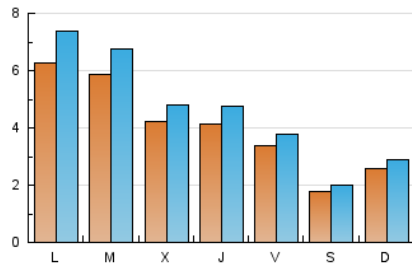

2. Secciones (Nacional)

	PAGINAS	%
HOME	5.784	23.86 %
RESTO	18.458	76.14 %

3. Por día del mes (Nacional)

Día	N. únicos	Visitas	Páginas	Día	N. únicos	Visitas	Páginas	Día	N. únicos	Visitas	Páginas
1	1.318	1.608	2.827	11	518	603	909	21	147	167	317
2	1.153	1.352	1.942	12	293	328	529	22	341	391	805
3	513	589	1.083	13	114	127	195	23	530	605	1.027
4	325	373	664	14	188	206	345	24	426	487	843
5	223	249	405	15	335	382	639	25	543	613	911
6	148	174	315	16	578	644	952	26	558	634	969
7	526	587	941	17	522	598	822	27	187	211	350
8	618	735	1.195	18	263	310	541	28	168	186	322
9	351	401	666	19	279	305	489	29	515	583	932
10	314	356	642	20	261	278	417	30	323	371	646
								31	337	372	602

4. Gráficas (Nacional)

4.1 Por día de la semana (promedio)

N. únicos / Visitas (x 100)

Páginas (x 100)

4.2 Por franja horaria (promedio)

Visitas (x 1000)

Páginas (x 1000)

4.3 Por meses

* * * * *

Please filter the listing down to lines that include the word "únicos".

Día	N. únicos	Visitas	Páginas	Día	N. únicos	Visitas	Páginas	Día	N. únicos	Visitas	Páginas
N. únicos / Visitas (x 100)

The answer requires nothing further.